Segment Start: Exercise data

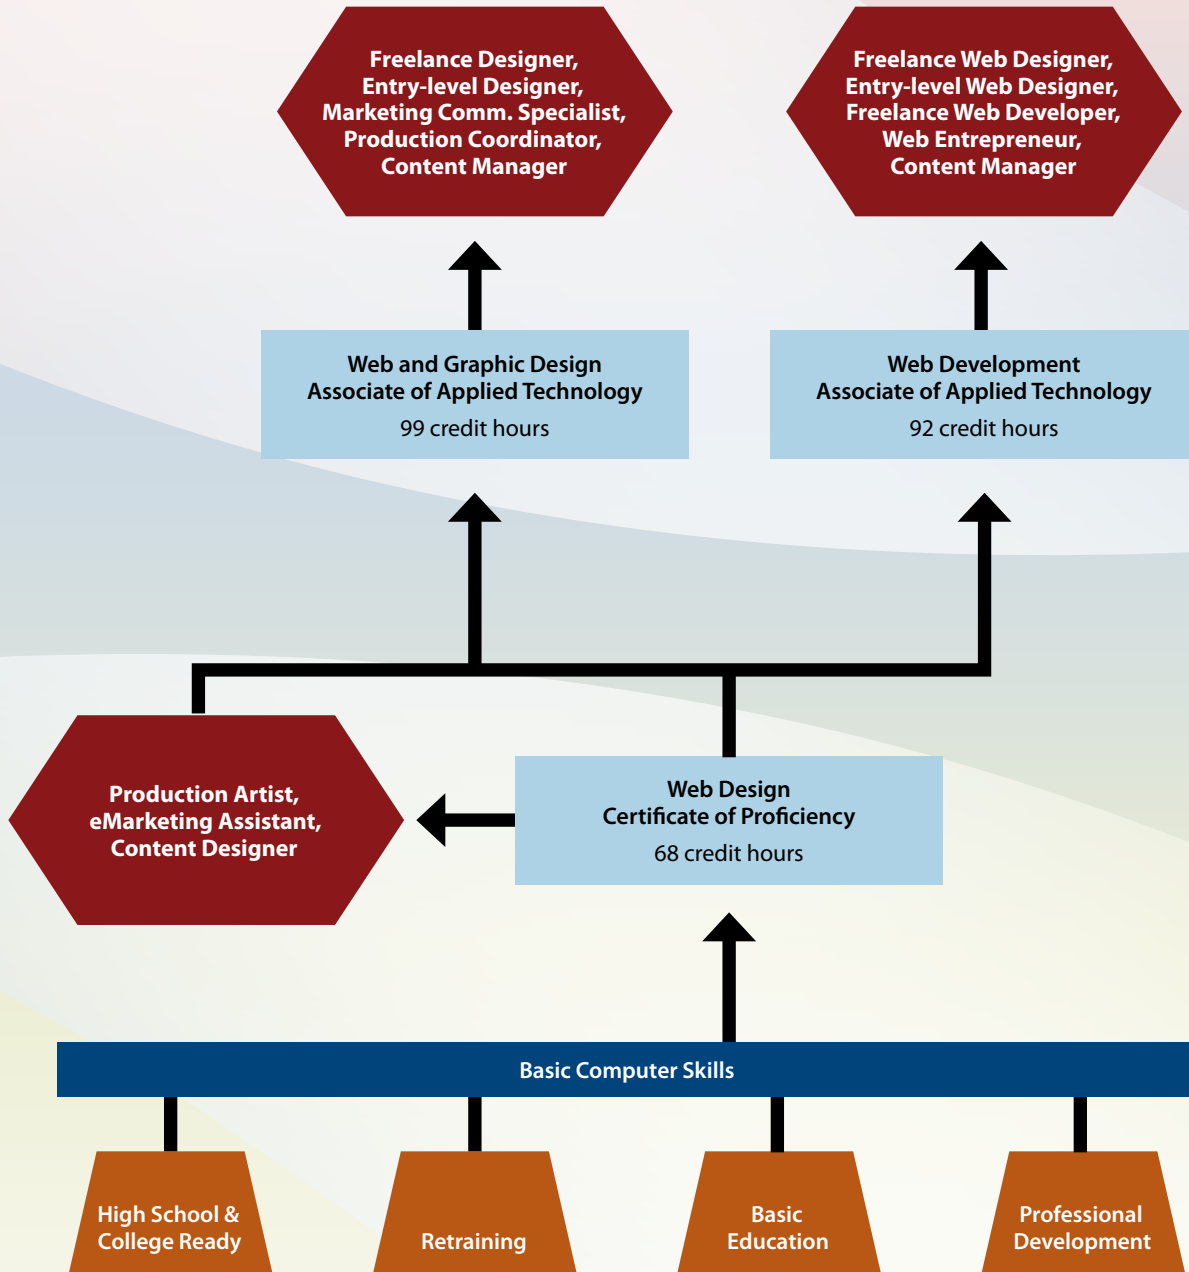

Clark College

Web Design

Career Pathway

To find out more, contact program coordinator:

Kristl Plinz | (360) 992-2418 | kplin@clark.edu | www.clark.edu/academics/programs/cgt

Alternate format of this document is available upon request.

Please contact Disability Support Services at (360) 992-2314 or (360) 992-0901 Video Phone.

Segment End: Exercise data

From the line with "Alternate format of" to the final line of the data above, please reproduce every line exactly and add nothing.

Alternate format of this document is available upon request.

Please contact Disability Support Services at (360) 992-2314 or (360) 992-0901 Video Phone.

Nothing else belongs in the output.